=== Records for the task ===

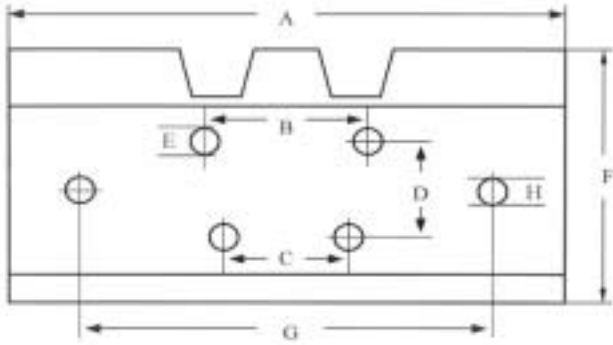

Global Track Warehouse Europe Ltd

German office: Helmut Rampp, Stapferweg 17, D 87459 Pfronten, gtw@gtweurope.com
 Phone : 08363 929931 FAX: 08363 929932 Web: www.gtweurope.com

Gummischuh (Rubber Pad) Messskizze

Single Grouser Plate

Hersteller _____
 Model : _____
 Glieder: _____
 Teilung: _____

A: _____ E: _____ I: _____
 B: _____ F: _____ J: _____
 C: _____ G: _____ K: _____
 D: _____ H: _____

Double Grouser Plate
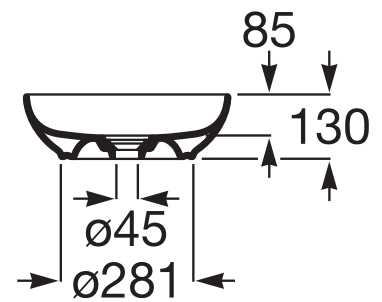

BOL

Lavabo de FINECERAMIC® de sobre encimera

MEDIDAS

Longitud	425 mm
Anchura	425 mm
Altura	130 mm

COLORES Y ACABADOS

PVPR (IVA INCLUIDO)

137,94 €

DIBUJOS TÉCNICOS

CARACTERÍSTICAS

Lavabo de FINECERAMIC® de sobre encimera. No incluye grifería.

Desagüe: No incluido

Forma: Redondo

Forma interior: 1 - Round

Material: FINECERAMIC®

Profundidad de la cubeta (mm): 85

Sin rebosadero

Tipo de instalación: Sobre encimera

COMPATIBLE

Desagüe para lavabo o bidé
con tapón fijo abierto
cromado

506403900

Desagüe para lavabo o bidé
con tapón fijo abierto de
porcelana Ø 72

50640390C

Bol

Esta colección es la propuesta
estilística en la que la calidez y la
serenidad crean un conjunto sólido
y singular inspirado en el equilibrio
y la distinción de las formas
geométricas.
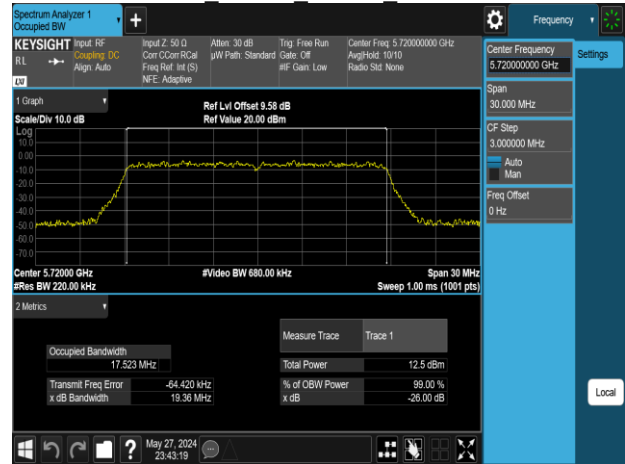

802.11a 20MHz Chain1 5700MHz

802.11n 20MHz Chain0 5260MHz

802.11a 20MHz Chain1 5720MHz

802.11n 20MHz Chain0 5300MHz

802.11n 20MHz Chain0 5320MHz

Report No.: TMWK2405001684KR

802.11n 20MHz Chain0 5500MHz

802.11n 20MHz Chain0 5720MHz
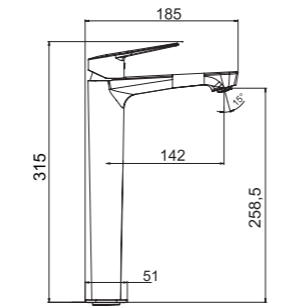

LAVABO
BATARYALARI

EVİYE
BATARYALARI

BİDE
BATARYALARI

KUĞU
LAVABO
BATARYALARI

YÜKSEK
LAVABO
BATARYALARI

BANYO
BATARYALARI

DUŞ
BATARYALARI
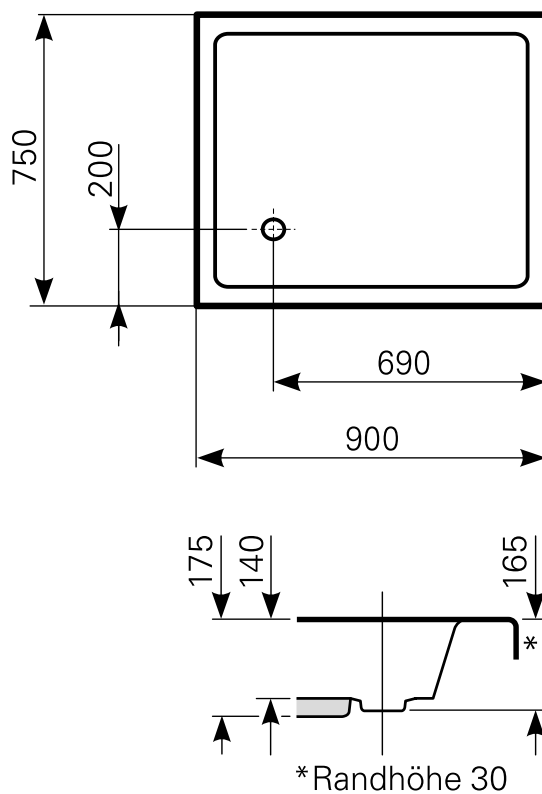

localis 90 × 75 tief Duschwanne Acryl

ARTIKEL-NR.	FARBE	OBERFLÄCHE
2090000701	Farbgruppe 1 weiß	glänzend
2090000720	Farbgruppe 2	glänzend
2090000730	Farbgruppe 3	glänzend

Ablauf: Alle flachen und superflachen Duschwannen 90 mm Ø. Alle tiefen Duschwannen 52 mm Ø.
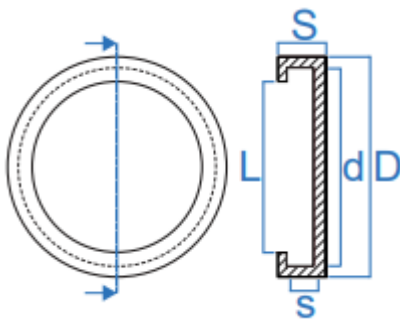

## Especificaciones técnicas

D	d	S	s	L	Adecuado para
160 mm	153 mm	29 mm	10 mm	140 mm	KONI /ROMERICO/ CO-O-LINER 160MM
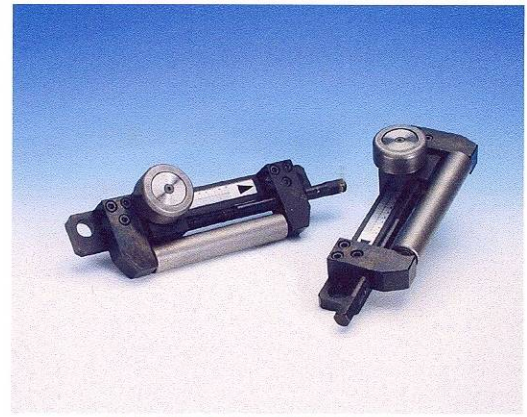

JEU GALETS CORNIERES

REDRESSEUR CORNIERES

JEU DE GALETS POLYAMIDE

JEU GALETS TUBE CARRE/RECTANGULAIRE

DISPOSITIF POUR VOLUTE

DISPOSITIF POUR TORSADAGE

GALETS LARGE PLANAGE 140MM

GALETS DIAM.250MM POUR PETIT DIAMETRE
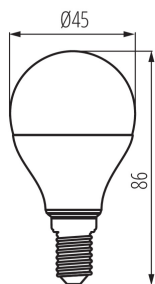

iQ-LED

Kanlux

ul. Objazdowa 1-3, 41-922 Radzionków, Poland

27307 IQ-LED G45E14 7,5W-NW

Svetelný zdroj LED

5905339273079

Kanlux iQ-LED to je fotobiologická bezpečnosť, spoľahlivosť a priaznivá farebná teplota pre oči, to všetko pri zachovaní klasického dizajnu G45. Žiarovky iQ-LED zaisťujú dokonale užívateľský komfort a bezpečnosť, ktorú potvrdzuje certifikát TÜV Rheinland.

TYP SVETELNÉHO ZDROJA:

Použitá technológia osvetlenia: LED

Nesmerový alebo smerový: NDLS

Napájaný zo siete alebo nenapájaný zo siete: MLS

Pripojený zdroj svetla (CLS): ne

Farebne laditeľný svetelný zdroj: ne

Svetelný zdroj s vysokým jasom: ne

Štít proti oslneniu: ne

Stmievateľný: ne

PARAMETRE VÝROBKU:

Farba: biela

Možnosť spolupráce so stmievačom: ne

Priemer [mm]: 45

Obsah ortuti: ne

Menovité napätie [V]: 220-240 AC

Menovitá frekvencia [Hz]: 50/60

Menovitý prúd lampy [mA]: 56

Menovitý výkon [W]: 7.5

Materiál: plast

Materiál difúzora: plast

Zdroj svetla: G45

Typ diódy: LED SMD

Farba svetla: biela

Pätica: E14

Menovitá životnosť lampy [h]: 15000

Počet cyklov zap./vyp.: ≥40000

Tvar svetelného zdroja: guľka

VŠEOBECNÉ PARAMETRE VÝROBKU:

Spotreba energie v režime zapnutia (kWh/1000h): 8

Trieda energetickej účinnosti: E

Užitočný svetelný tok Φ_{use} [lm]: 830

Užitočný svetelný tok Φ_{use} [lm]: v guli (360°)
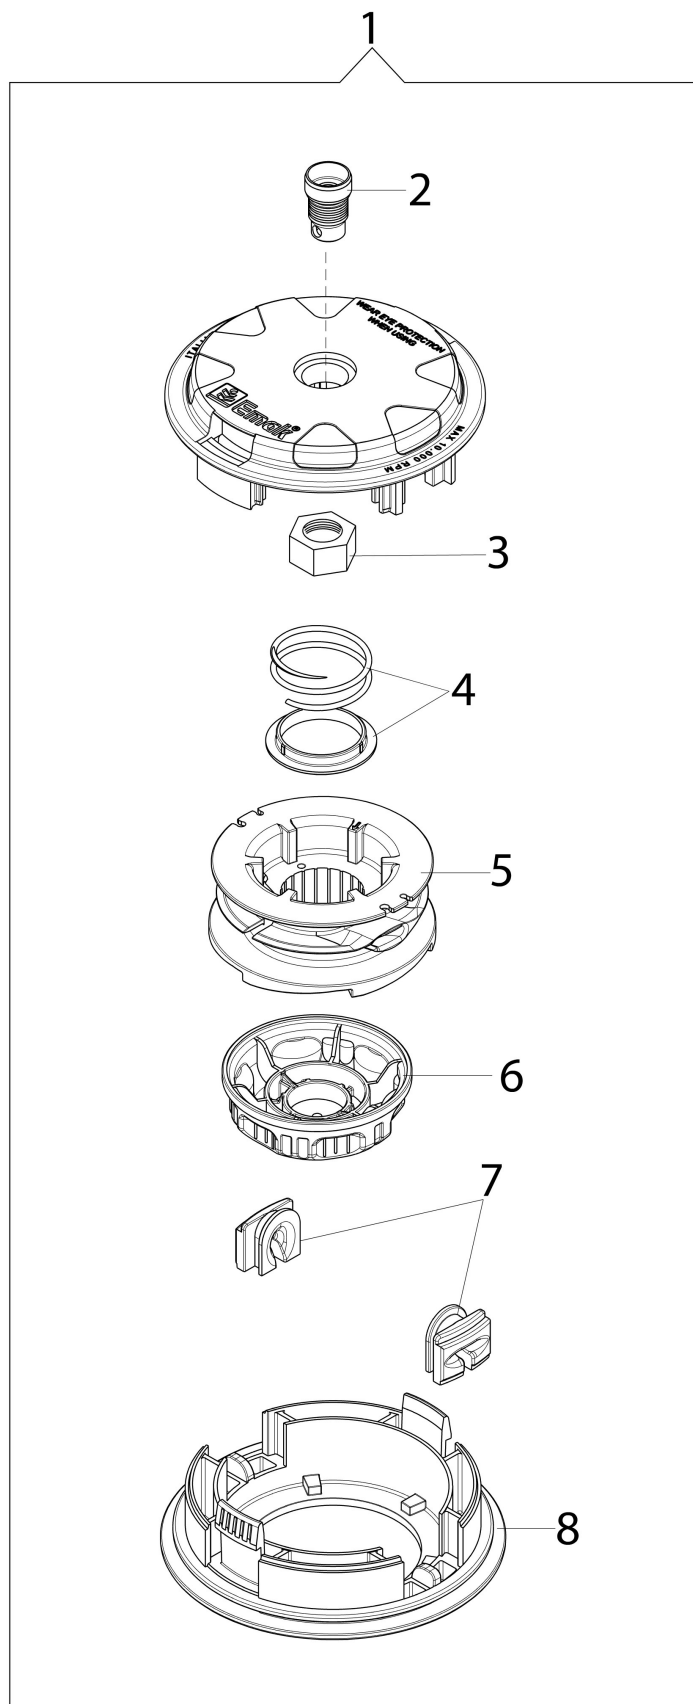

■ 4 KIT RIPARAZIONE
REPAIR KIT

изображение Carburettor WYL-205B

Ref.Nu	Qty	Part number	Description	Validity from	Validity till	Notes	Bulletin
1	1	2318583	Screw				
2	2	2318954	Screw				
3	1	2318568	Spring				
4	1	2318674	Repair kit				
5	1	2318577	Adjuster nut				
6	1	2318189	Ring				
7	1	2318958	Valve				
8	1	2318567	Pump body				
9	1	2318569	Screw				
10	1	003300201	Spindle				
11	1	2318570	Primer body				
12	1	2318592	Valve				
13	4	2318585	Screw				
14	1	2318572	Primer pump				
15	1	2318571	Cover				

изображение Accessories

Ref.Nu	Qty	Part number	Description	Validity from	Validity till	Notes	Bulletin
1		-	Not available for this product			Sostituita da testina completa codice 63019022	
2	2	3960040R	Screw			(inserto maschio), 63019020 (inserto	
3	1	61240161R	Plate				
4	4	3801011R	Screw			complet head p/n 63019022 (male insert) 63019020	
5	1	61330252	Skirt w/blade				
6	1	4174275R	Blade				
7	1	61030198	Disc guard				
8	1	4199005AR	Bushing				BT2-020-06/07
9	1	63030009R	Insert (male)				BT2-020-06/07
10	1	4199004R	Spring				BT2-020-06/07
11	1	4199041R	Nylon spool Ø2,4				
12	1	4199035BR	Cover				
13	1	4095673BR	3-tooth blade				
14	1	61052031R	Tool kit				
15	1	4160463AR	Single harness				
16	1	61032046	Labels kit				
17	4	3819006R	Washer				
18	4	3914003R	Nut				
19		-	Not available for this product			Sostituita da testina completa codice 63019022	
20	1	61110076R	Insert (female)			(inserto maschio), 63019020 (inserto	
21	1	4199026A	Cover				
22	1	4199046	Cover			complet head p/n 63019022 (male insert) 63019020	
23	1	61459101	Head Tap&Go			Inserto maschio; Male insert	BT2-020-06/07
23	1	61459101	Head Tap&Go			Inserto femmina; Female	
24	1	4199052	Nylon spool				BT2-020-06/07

===

*Problem description*: Type out the entries again without a single change, and leave the pictures out.

*Response to this exercise*:
Global Track Warehouse Europe Ltd

German office: Helmut Rampp, Stapferweg 17, D 87459 Pfronten, gtw@gtweurope.com
 Phone : 08363 929931 FAX: 08363 929932 Web: www.gtweurope.com

Gummischuh (Rubber Pad) Messskizze

Single Grouser Plate

Hersteller _____
 Model : _____
 Glieder: _____
 Teilung: _____

A: _____ E: _____ I: _____
 B: _____ F: _____ J: _____
 C: _____ G: _____ K: _____
 D: _____ H: _____

Double Grouser Plate

BOL

Lavabo de FINECERAMIC® de sobre encimera

MEDIDAS

Longitud	425 mm
Anchura	425 mm
Altura	130 mm

COLORES Y ACABADOS

PVPR (IVA INCLUIDO)

137,94 €

DIBUJOS TÉCNICOS

CARACTERÍSTICAS

Lavabo de FINECERAMIC® de sobre encimera. No incluye grifería.

Desagüe: No incluido

Forma: Redondo

Forma interior: 1 - Round

Material: FINECERAMIC®

Profundidad de la cubeta (mm): 85

Sin rebosadero

Tipo de instalación: Sobre encimera

COMPATIBLE

Desagüe para lavabo o bidé
con tapón fijo abierto
cromado

506403900

Desagüe para lavabo o bidé
con tapón fijo abierto de
porcelana Ø 72

50640390C

Bol

Esta colección es la propuesta
estilística en la que la calidez y la
serenidad crean un conjunto sólido
y singular inspirado en el equilibrio
y la distinción de las formas
geométricas.

802.11a 20MHz Chain1 5700MHz

802.11n 20MHz Chain0 5260MHz

802.11a 20MHz Chain1 5720MHz

802.11n 20MHz Chain0 5300MHz

802.11n 20MHz Chain0 5320MHz

Report No.: TMWK2405001684KR

802.11n 20MHz Chain0 5500MHz

802.11n 20MHz Chain0 5720MHz

LAVABO
BATARYALARI

EVİYE
BATARYALARI

BİDE
BATARYALARI

KUĞU
LAVABO
BATARYALARI

YÜKSEK
LAVABO
BATARYALARI

BANYO
BATARYALARI

DUŞ
BATARYALARI

localis 90 × 75 tief Duschwanne Acryl

ARTIKEL-NR.	FARBE	OBERFLÄCHE
2090000701	Farbgruppe 1 weiß	glänzend
2090000720	Farbgruppe 2	glänzend
2090000730	Farbgruppe 3	glänzend

Ablauf: Alle flachen und superflachen Duschwannen 90 mm Ø. Alle tiefen Duschwannen 52 mm Ø.

## Especificaciones técnicas

D	d	S	s	L	Adecuado para
160 mm	153 mm	29 mm	10 mm	140 mm	KONI /ROMERICO/ CO-O-LINER 160MM

JEU GALETS CORNIERES

REDRESSEUR CORNIERES

JEU DE GALETS POLYAMIDE

JEU GALETS TUBE CARRE/RECTANGULAIRE

DISPOSITIF POUR VOLUTE

DISPOSITIF POUR TORSADAGE

GALETS LARGE PLANAGE 140MM

GALETS DIAM.250MM POUR PETIT DIAMETRE

iQ-LED

Kanlux

ul. Objazdowa 1-3, 41-922 Radzionków, Poland

27307 IQ-LED G45E14 7,5W-NW

Svetelný zdroj LED

5905339273079

Kanlux iQ-LED to je fotobiologická bezpečnosť, spoľahlivosť a priaznivá farebná teplota pre oči, to všetko pri zachovaní klasického dizajnu G45. Žiarovky iQ-LED zaisťujú dokonale užívateľský komfort a bezpečnosť, ktorú potvrdzuje certifikát TÜV Rheinland.

TYP SVETELNÉHO ZDROJA:

Použitá technológia osvetlenia: LED

Nesmerový alebo smerový: NDLS

Napájaný zo siete alebo nenapájaný zo siete: MLS

Pripojený zdroj svetla (CLS): ne

Farebne laditeľný svetelný zdroj: ne

Svetelný zdroj s vysokým jasom: ne

Štít proti oslneniu: ne

Stmievateľný: ne

PARAMETRE VÝROBKU:

Farba: biela

Možnosť spolupráce so stmievačom: ne

Priemer [mm]: 45

Obsah ortuti: ne

Menovité napätie [V]: 220-240 AC

Menovitá frekvencia [Hz]: 50/60

Menovitý prúd lampy [mA]: 56

Menovitý výkon [W]: 7.5

Materiál: plast

Materiál difúzora: plast

Zdroj svetla: G45

Typ diódy: LED SMD

Farba svetla: biela

Pätica: E14

Menovitá životnosť lampy [h]: 15000

Počet cyklov zap./vyp.: ≥40000

Tvar svetelného zdroja: guľka

VŠEOBECNÉ PARAMETRE VÝROBKU:

Spotreba energie v režime zapnutia (kWh/1000h): 8

Trieda energetickej účinnosti: E

Užitočný svetelný tok Φ_{use} [lm]: 830

Užitočný svetelný tok Φ_{use} [lm]: v guli (360°)

■ 4 KIT RIPARAZIONE
REPAIR KIT

изображение Carburettor WYL-205B

Ref.Nu	Qty	Part number	Description	Validity from	Validity till	Notes	Bulletin
1	1	2318583	Screw				
2	2	2318954	Screw				
3	1	2318568	Spring				
4	1	2318674	Repair kit				
5	1	2318577	Adjuster nut				
6	1	2318189	Ring				
7	1	2318958	Valve				
8	1	2318567	Pump body				
9	1	2318569	Screw				
10	1	003300201	Spindle				
11	1	2318570	Primer body				
12	1	2318592	Valve				
13	4	2318585	Screw				
14	1	2318572	Primer pump				
15	1	2318571	Cover				

изображение Accessories

Ref.Nu	Qty	Part number	Description	Validity from	Validity till	Notes	Bulletin
1		-	Not available for this product			Sostituita da testina completa codice 63019022	
2	2	3960040R	Screw			(inserto maschio), 63019020 (inserto	
3	1	61240161R	Plate				
4	4	3801011R	Screw			complet head p/n 63019022 (male insert) 63019020	
5	1	61330252	Skirt w/blade				
6	1	4174275R	Blade				
7	1	61030198	Disc guard				
8	1	4199005AR	Bushing				BT2-020-06/07
9	1	63030009R	Insert (male)				BT2-020-06/07
10	1	4199004R	Spring				BT2-020-06/07
11	1	4199041R	Nylon spool Ø2,4				
12	1	4199035BR	Cover				
13	1	4095673BR	3-tooth blade				
14	1	61052031R	Tool kit				
15	1	4160463AR	Single harness				
16	1	61032046	Labels kit				
17	4	3819006R	Washer				
18	4	3914003R	Nut				
19		-	Not available for this product			Sostituita da testina completa codice 63019022	
20	1	61110076R	Insert (female)			(inserto maschio), 63019020 (inserto	
21	1	4199026A	Cover				
22	1	4199046	Cover			complet head p/n 63019022 (male insert) 63019020	
23	1	61459101	Head Tap&Go			Inserto maschio; Male insert	BT2-020-06/07
23	1	61459101	Head Tap&Go			Inserto femmina; Female	
24	1	4199052	Nylon spool				BT2-020-06/07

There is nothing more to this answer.